EXERCISE INSTRUCTIONS:
Report each line of the entries that includes "spotřeba" by copying it.

SOURCE DATA:
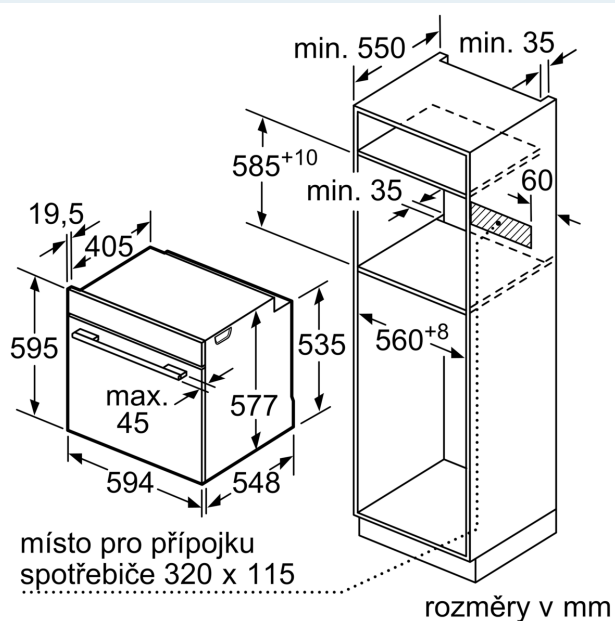

Technické informace

- délka přívodního kabelu: 120 cm
- napětí: 220 - 240 V
- celkový příkon elektro: 3.6 kW

- energetická třída (dle EU 65/2014): A+
- spotřeba energie na cyklus při konvenčním ohřevu: 0.87 kWh (na stupnici třídy energetické účinnosti od A+++ do D)
- spotřeba energie na cyklus v režimu recirkulace: 0.69 kWh
- počet pečících prostorů: 1 zdroj tepla: elektrina objem pečícího prostoru: 71 l

Rozměry

- rozměry spotřebiče (V x Š x H): 595 mm x 594 mm x 548 mm
- rozměry niky (V x Š x H): 585 mm - 595 mm x 560 mm - 568 mm x 550 mm
- „potřebné rozměry naleznete v instalačních materiálech“

iQ700, Vestavná pečicí trouba, 60 x 60 cm, Černá HB774G2B1

Rozměrové výkresy

Montáž dvou spotřebičů nad sebou
Výměna vzduchu

A: Větrací mřížka $\geq 200 \text{ cm}^2$

rozměry v mm

Pokud je spotřebič vestavěný pod varnou deskou, musí být dodržena následující tloušťka pracovní desky (příp. včetně nosné konstrukce).

Rozměrové výkresy

RESPONSE AREA:
- spotřeba energie na cyklus při konvenčním ohřevu: 0.87 kWh (na stupnici třídy energetické účinnosti od A+++ do D)
- spotřeba energie na cyklus v režimu recirkulace: 0.69 kWh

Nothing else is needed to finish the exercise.